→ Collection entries
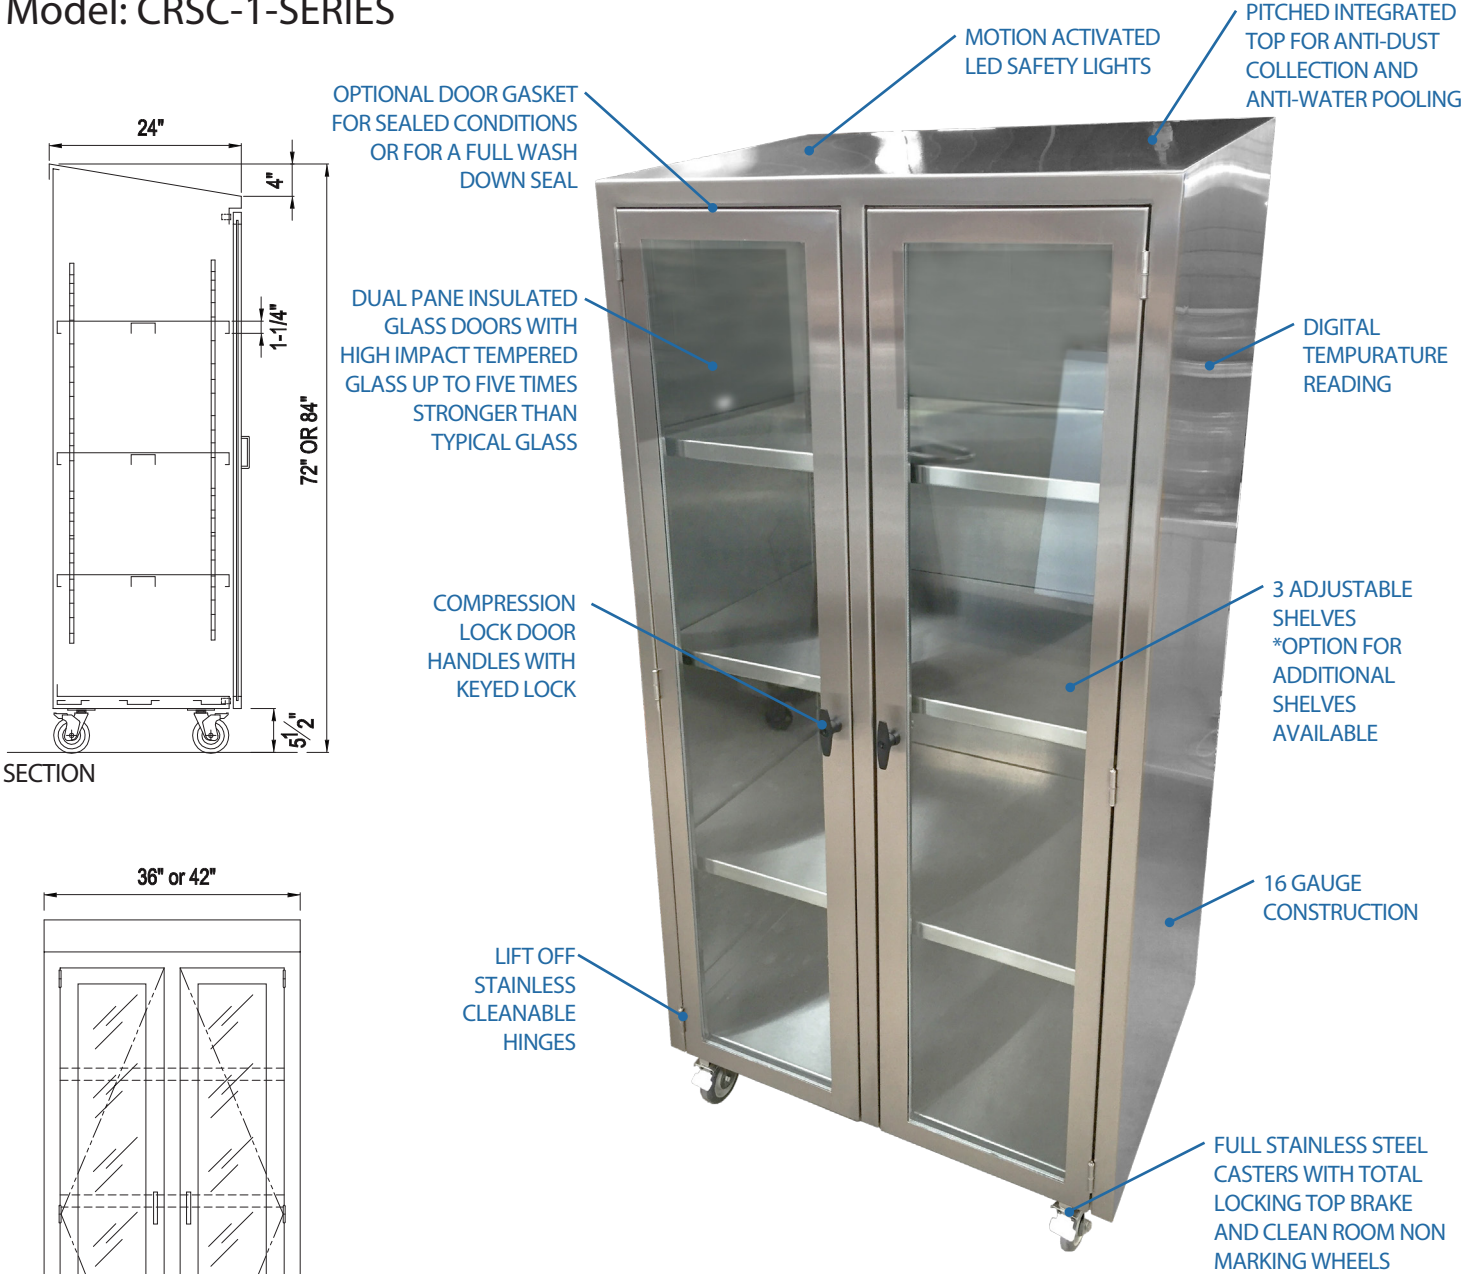

Made in the US since 1941

STAINLESS CLEAN ROOM CABINETS

Model: CRSC-1-SERIES

T-304 N.S.F.
CONSTRUCTION

SECTION

ELEVATION

MODEL #	DIMENSIONS	PRICE
CRSC-1A	48"x24"x72" TALL	\$5,850
CRSC-1B	42"x24"x72" TALL	\$5,250
CRSC-1C	36"x24"x72" TALL	\$4,650
CRSC-1D	32"x24"x72" TALL	\$4,250

MODEL #	DIMENSIONS	PRICE
CRSC-1E	48"x24"x84" TALL	\$6,578
CRSC-1F	42"x24"x84" TALL	\$5,888
CRSC-1G	36"x24"x84" TALL	\$5,198
CRSC-1H	32"x24"x84" TALL	\$4,738

USE FOR ARCHITECT / ENGINEER / CONTRACTOR APPROVAL
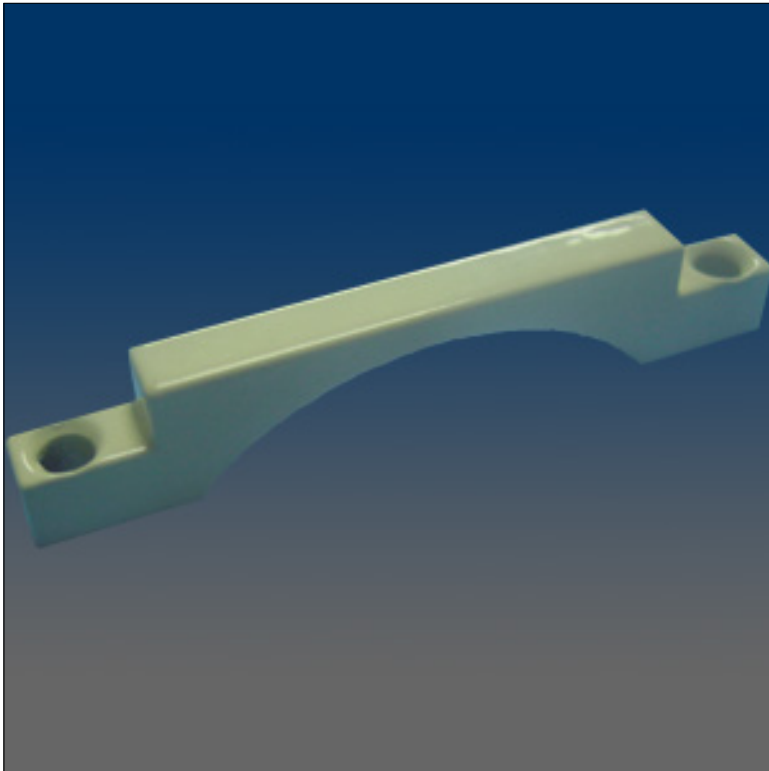

Keepers

www.visionhardware.com

Keepers

Model Number:

8285

Material:

ZINC

Description:

Keeper, sash, surface mount, #6 screw, 2.25" C/L, open back, material: zinc alloy

Sales Contact:

(800) 220-4756
sales@visionhardware.com

500 Metuchen Road
South Plainfield NJ 07080

→ Your task
Copy every line of the records above that holds the word "CRSC".

→ Result
Model: CRSC-1-SERIES
CRSC-1A	48"x24"x72" TALL	\$5,850
CRSC-1B	42"x24"x72" TALL	\$5,250
CRSC-1C	36"x24"x72" TALL	\$4,650
CRSC-1D	32"x24"x72" TALL	\$4,250
CRSC-1E	48"x24"x84" TALL	\$6,578
CRSC-1F	42"x24"x84" TALL	\$5,888
CRSC-1G	36"x24"x84" TALL	\$5,198
CRSC-1H	32"x24"x84" TALL	\$4,738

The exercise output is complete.